The series gradually evolved to make Manolito and Buck the most prominent characters, as they were the ones who tended to get into trouble; both were somewhat irresponsible, particularly under the influence of drink. For what was generally regarded as a serious Western tv series, their scenes provided what is popularly known as comedy- or "comic relief" to the show. The other characters were gradually marginalized. Cattle ranching almost never featured in the storylines, which, whenever Mexican bandit or Indian troubles were not imminent, were much more likely to revolve around personal issues of drama with Manolito or Buck and some form of hell-raising - gambling, fighting, women, or whiskey (or a combination of them).

Mark Slade (Blue Boy) did not appear in the final season, and Frank Silvera (Don Sebastian Montoya) had died while the series was still in production (but he did appear in a few episodes). Blue Boy was replaced by Wind, a passing, mysterious cowhand who was half-Pawnee and of a similar age to Blue, and who sometimes acted as a go-between for the ranchers and the Indians. This final season had new opening titles and a rearranged version of the popular theme music.

Name of the ranch

The name was explained by the following dialog in episode one:

Anna-lee Cannon: Isn't it beautiful, John? It should have a name.

Big John Cannon: You name it.

Anna-lee: What is that bush called — that green one?

Big John: Chaparral.

Anna-lee: That's it — Chaparral. I christen thee "The High Chaparral" — the greatest cattle ranch in the whole territory ... the whole world!

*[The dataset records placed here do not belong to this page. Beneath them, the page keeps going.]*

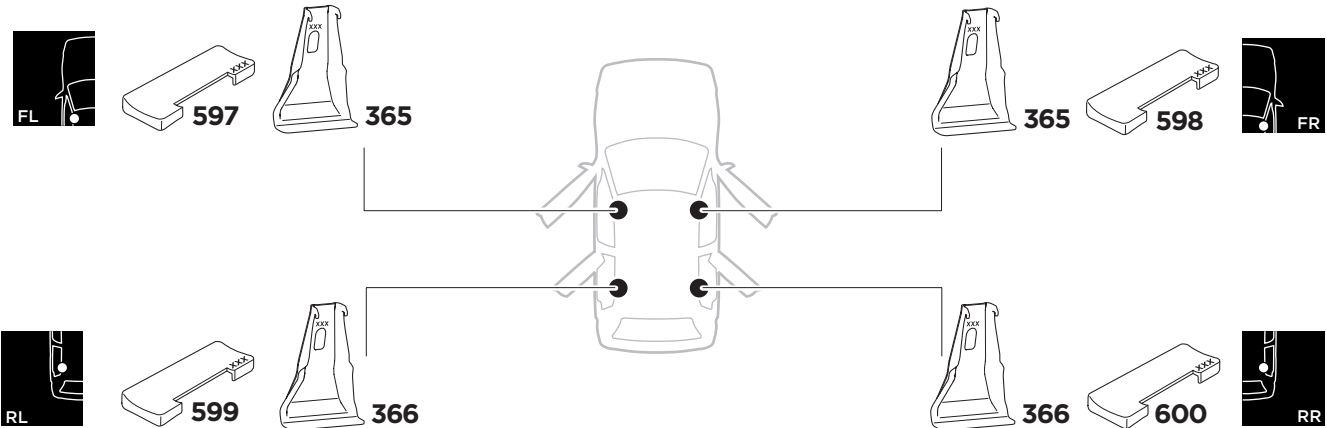

## Kit 5163

JAGUAR I-Pace, 5-dr SUV, 18-

ISO 11154-E

THULE WingBar Evo	THULE WingBar Edge	THULE WingBar	THULE SquareBar	<b>Evo X (scale)</b>	<b>Edge X (scale)</b>
<b>JAGUAR I-Pace, 5-dr SUV, 18-</b>				<b>46,5</b>	<b>D</b>

THULE ProBar	THULE SlideBar	<b>X (mm/inch)</b>		
<b>JAGUAR I-Pace, 5-dr SUV, 18-</b>		<b>1116 mm / 43 7/8"</b>		

THULE WingBar Evo	THULE WingBar Edge	THULE WingBar	THULE SquareBar	<b>Evo Y (scale)</b>	<b>Edge Y (scale)</b>
<b>JAGUAR I-Pace, 5-dr SUV, 18-</b>				<b>39</b>	<b>A</b>

THULE ProBar	THULE SlideBar	<b>Y (mm/inch)</b>		
<b>JAGUAR I-Pace, 5-dr SUV, 18-</b>		<b>1041 mm / 41"</b>		

	<b>W (mm/inch)</b>	<b>Z (mm/inch)</b>
<b>JAGUAR I-Pace, 5-dr SUV, 18-</b>	<b>730 mm / 28 3/4"</b>	<b>300 mm / 11 3/4"</b>

In the true sense of the word, "chaparral" is not a single species of shrub, but a bionomic community of desert flora located near a coast, especially that in coastal southern California. The name comes from the Spanish word for scrub oak, chaparro, which is seldom found further east in Arizona as native flora. Some colloquial use of the term in Arizona describes the low-growing sage, mesquite, and palo verde, which are native to the area, especially in the higher desert, but the high Sonoran Desert in southern Arizona plant community is more properly called a "xeric" shrublands biome.

Production

The High Chaparral was producer Dortort's new brainchild, and he left the day-to-day running of his earlier success Bonanza (1959-1973) in the spring of 1967 so he could focus all of his energies on The High Chaparral. After the show's cancellation in 1971 after only four years, Dortort chose not to return to Bonanza and retired. {{citation needed|date=February 2015}}

All the exterior filming was done at the famous Old Tucson Studios near Tucson, Arizona (site of frequent movie-making for several decades) and in the nearby Saguaro National Park, although in a few later episodes, some filming was done in California and (in season three) in the Coronado National Forest south of Tucson. The interiors were generally filmed at the NBC television studios in Burbank.[1]